Which lines below mention "minha"? Pick each one out.

▼

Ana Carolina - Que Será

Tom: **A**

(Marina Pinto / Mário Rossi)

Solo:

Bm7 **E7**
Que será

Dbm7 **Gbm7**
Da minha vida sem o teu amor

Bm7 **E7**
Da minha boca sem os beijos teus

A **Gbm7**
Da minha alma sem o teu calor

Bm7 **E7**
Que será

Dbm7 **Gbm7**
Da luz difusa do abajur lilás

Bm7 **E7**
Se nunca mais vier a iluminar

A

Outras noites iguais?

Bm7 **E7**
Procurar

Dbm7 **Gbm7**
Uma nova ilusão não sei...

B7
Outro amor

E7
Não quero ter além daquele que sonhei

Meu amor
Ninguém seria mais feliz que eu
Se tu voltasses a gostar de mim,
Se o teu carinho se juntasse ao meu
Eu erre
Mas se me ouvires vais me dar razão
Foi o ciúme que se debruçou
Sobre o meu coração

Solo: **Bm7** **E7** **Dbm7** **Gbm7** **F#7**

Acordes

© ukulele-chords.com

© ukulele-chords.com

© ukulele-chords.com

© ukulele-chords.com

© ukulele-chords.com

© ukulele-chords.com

▲

**RESPONSE BOX**.
Da minha vida sem o teu amor
Da minha boca sem os beijos teus
Da minha alma sem o teu calor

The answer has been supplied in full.